When you reach the line containing "- [7439800](#) - EHEIM", begin copying exactly, and keep going through the last line of the records below, copying nothing before it.

▸ **SUPPLIED DATA**:
#####

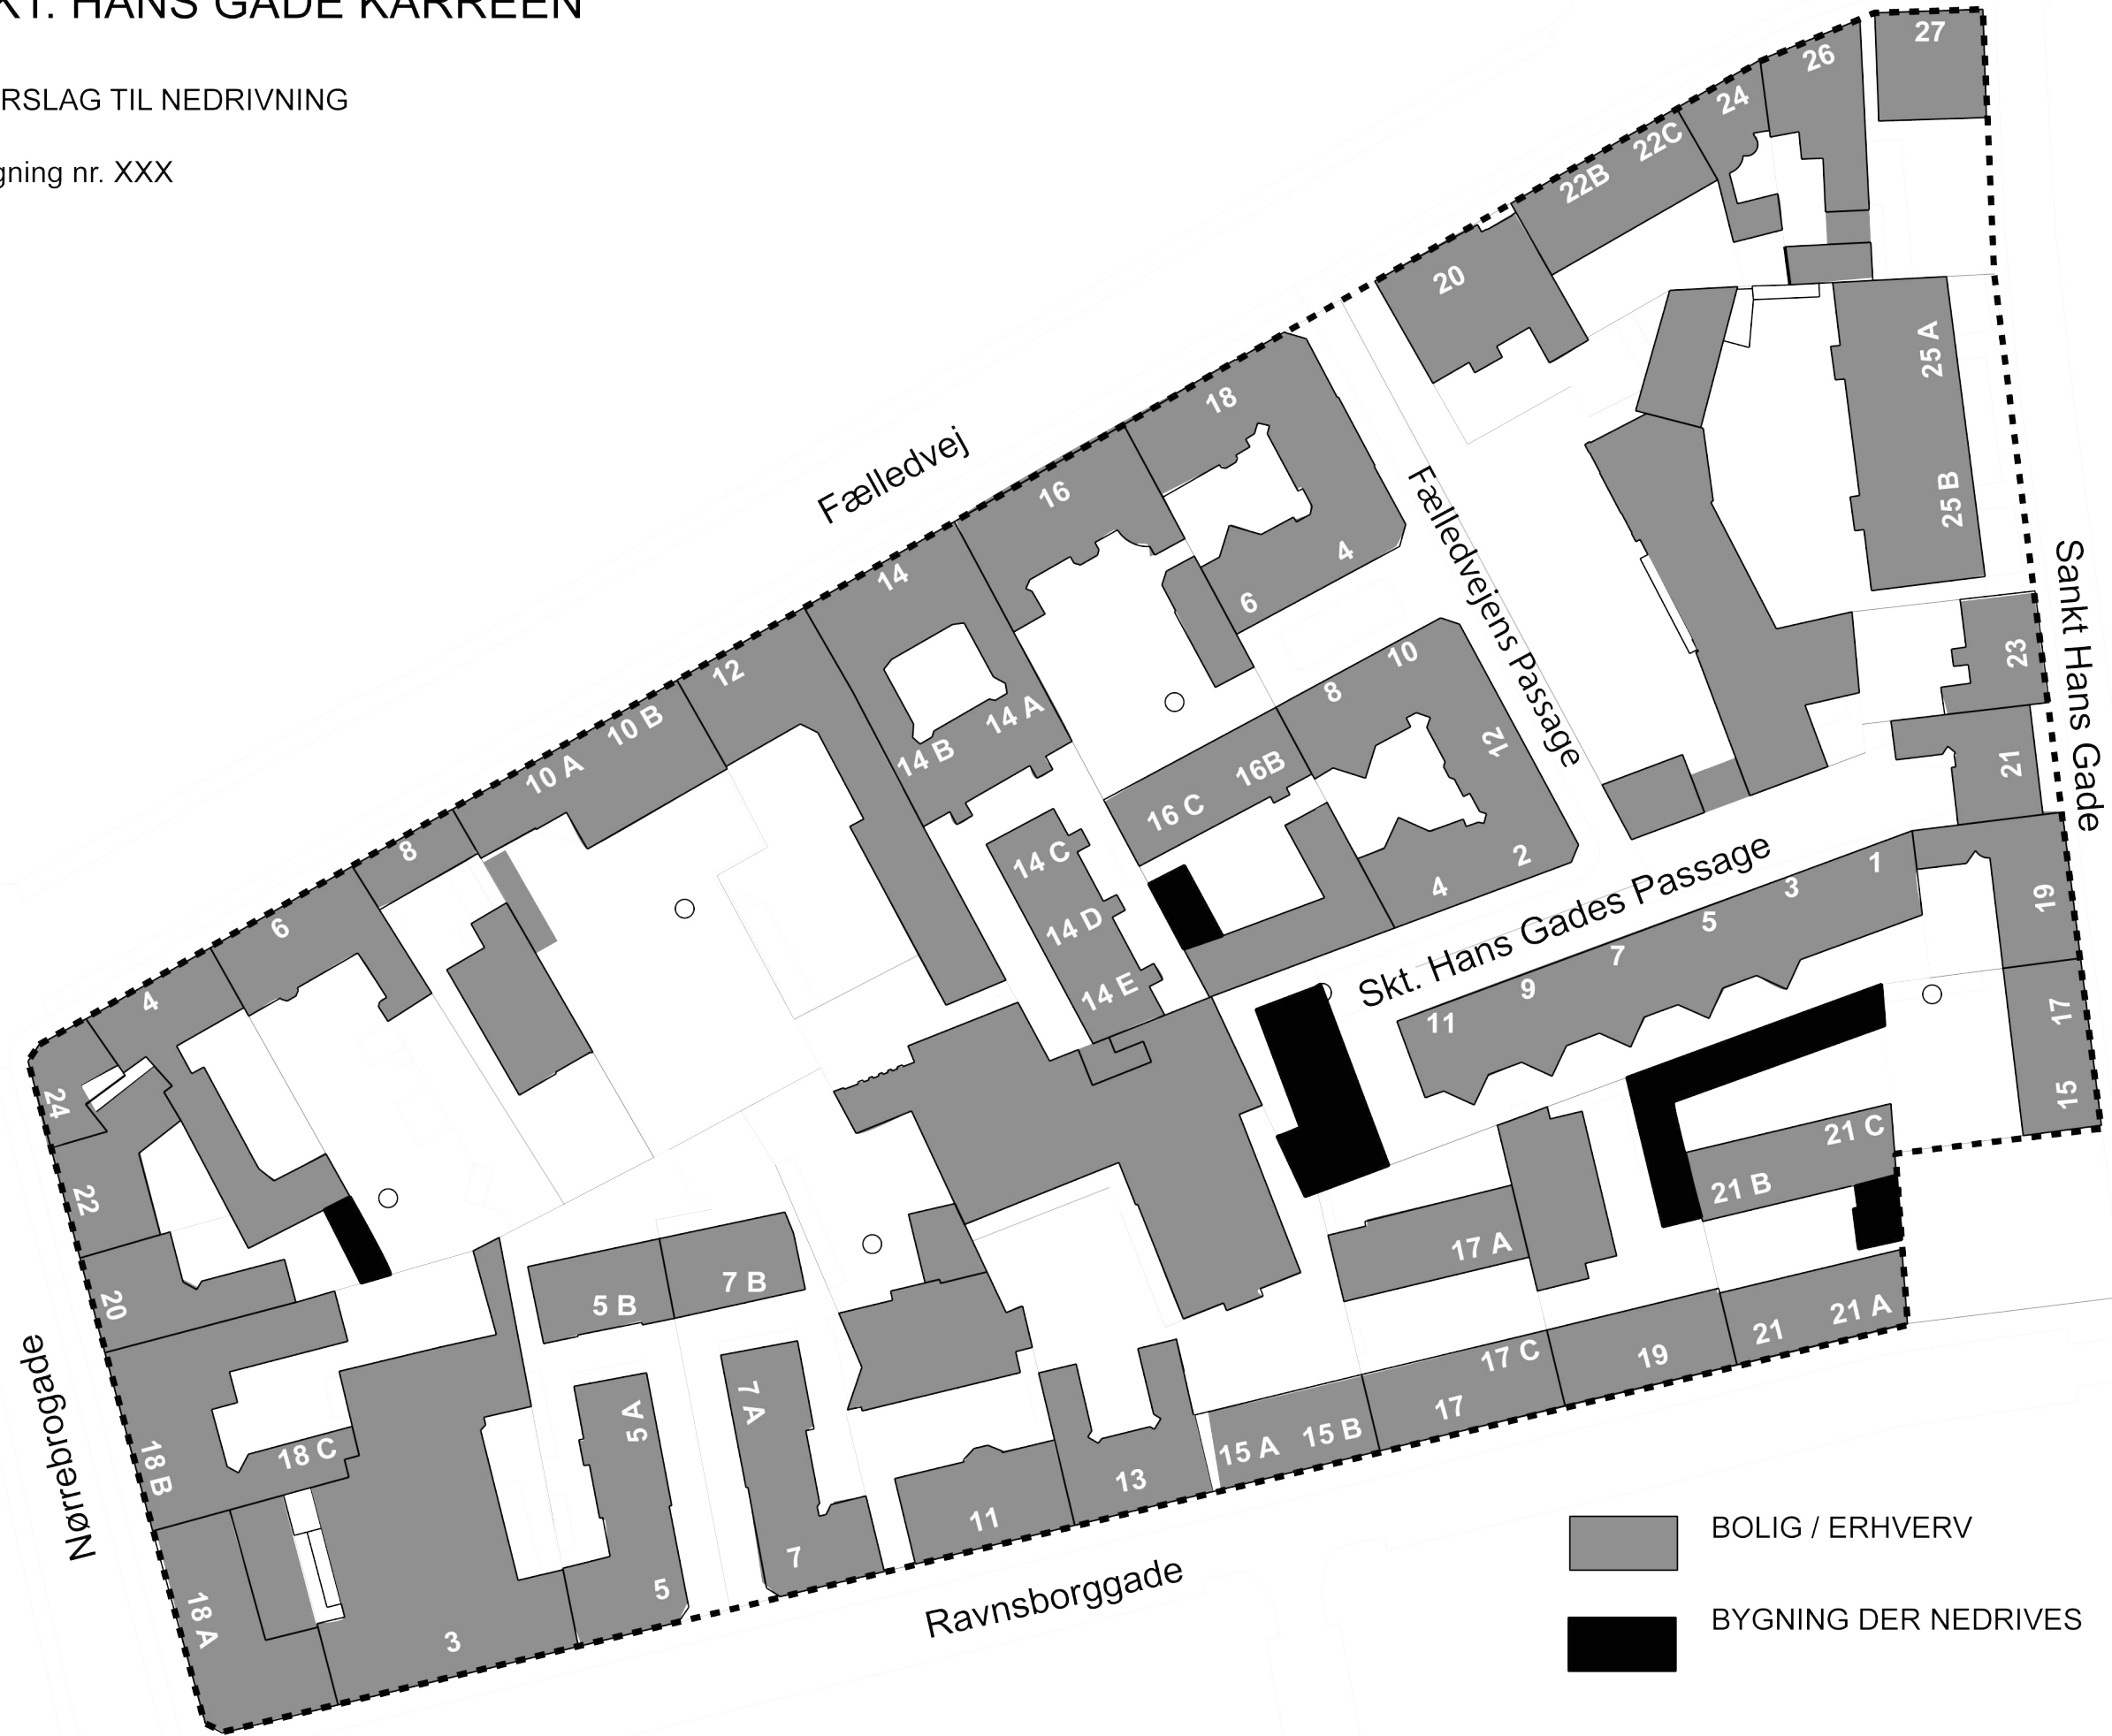

SKT. HANS GADE KARRÉEN

FORSLAG TIL NEDRIVNING

Tegning nr. XXX

-  BOLIG / ERHVERV
-  BYGNING DER NEDRIVES
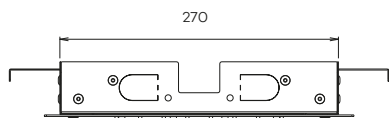

Inclusief inbouw frame 1/2" aansluiting en afstandbediening
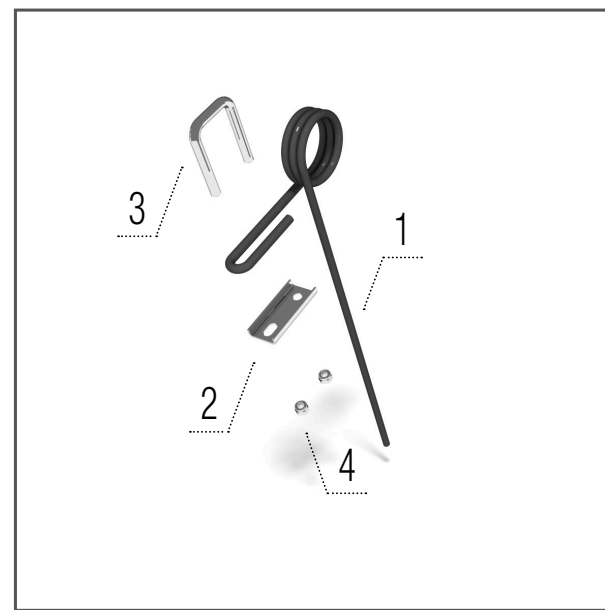

Nachstriegel

Modell XN

- 1 – KM030007 EGGE ..... 1 St.
- 2 – 00002940 DICHTUNG ..... 1 St.
- 3 – KM380001 STEIGBÜGEL..... 1 St.
- 4 – KM000154 MUTTER..... 2 St.
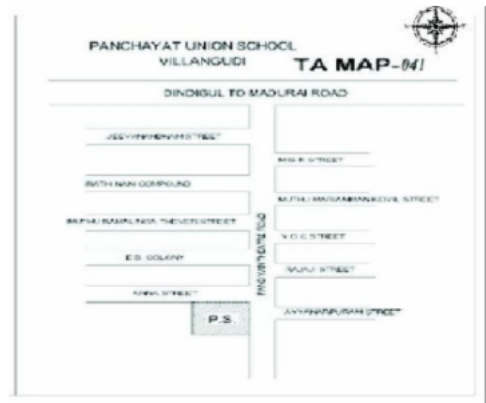

Nazri Naksha

Google Map View

Polling Station Building Front View

Polling Station Front View

Cad View

Key MAP View

சட்டமன்றத் தொகுதியின் எண் மற்றும் பெயர் : 194-மதுரை (மேற்கு)
பிரிவு எண் மற்றும் பெயர் 1-மதுரை (மா) விளாங்குடி (சி.ஊ), ராஜாஜி தெரு வார்டு 20
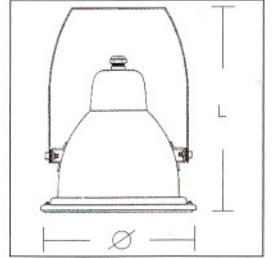

WALL-RECESSED TYPE 入牆式

STAINLESS STEEL RING
不銹鋼環

ROUND 圓形
SM-7402

SQUARE 方形
SM-7403

DIMENSION
尺寸

ALUMINIUM RING W/ BLUE OR WHITE RING
鋁環(藍或白色)

STANDARD 標準
SM-7401

DIMENSION
尺寸

GROUND-MOUNTED TYPE 座地式

MICRO 微型
SM-7404

MINI 小型
SM-7405

MIDI 中型
SM-7406

MAXI 大型
SM-7407

DIMENSION
尺寸

OPTIONS FOR GROUND - MINI, MIDI & MAXI
配件 - 只適用於座地式小型、中型及大型

W/ COLOR FILTERS 過濾片

PROTECTION GRID 保護網

P.35

APPLICATIONS

POOLS . SWIMMING POOLS .

應用位置

噴水池 · 泳池 ·

STRUCTURE

STAINLESS STEEL BODY.
CLEAR TEMPERED GLASS.
STAINLESS STEEL SCREWS.
WEATHERPROOF SILICON GASKET.
EXTERNAL TRANSFORMER / CONTROL GEAR BOX (NON-WEATHERPROOF).

結構

不銹鋼外殼。
透明強化玻璃。
不銹鋼螺絲。
防水密封條。
分體變壓器 / 電器箱 (不防水)。

ORDER CODE 訂購編碼

Cat.No. 型號	Lamp 光源		Dimension 尺寸 (∅ / ▽ xLmm)
SM-7402/7403/7404	max.1x50w (12v)	石英膽 GU5.3	95x90
SM-7405	max.1x50w	石英膽 GU10	140x160
SM-7406-35/70 HIT	1x35w/70w HIT	高壓金鹵 G12	175x210
SM-7406-PAR30	1x75w PAR 30	反射膽 E27	175x210
SM-7401/7407	1x300w PAR 56	反射膽 GX16d	290x150/240x235
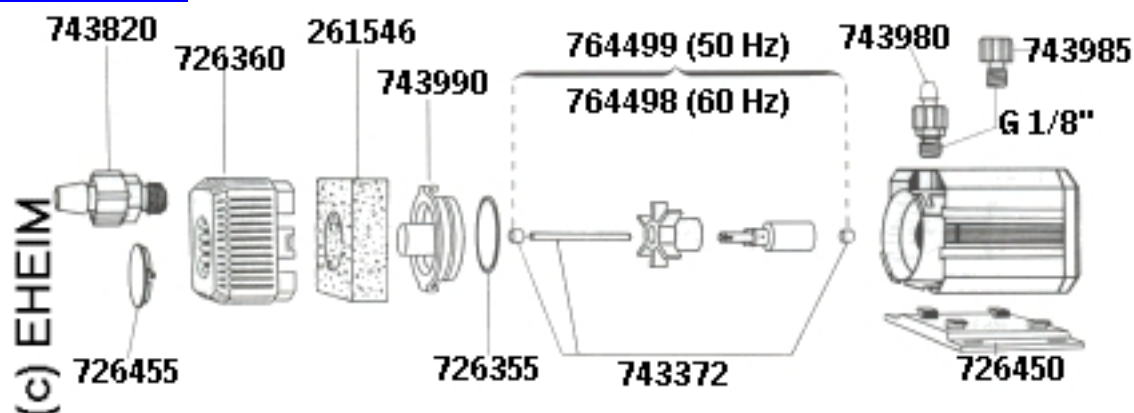

Universal 1046

- [7438200](#) - EHEIM Конектор для 1046/1048/1250
- [7264559](#) - EHEIM Крышка для 1046/1048
- [7263609](#) - EHEIM всасывающая решетка для 1046
- [7263550](#) - EHEIM Уплотнительное кольцо для 1046
- [7433720](#) - EHEIM Вал с втулкой для 1046/1048, 2222-2324, 3146/3148
- [7264509](#) - EHEIM Монтажная пластина для 1046/1048
- [7439850](#) - EHEIM Адаптер 1/8 дюйма для 1046
- [7439800](#) - EHEIM Конектор 1/8 дюйма для 1046
- [7644990](#) - EHEIM Импеллер для 104601-20, 3146
- [7439909](#) - EHEIM Крышка насоса для 1046
- [2615465](#) - Губчатый фильтр грубой очистки для помпы EHEIM Universal Pump 300 1046

#####

▸ **YOUR RESPONSE**:
- [7439800](#) - EHEIM Конектор 1/8 дюйма для 1046
- [7644990](#) - EHEIM Импеллер для 104601-20, 3146
- [7439909](#) - EHEIM Крышка насоса для 1046
- [2615465](#) - Губчатый фильтр грубой очистки для помпы EHEIM Universal Pump 300 1046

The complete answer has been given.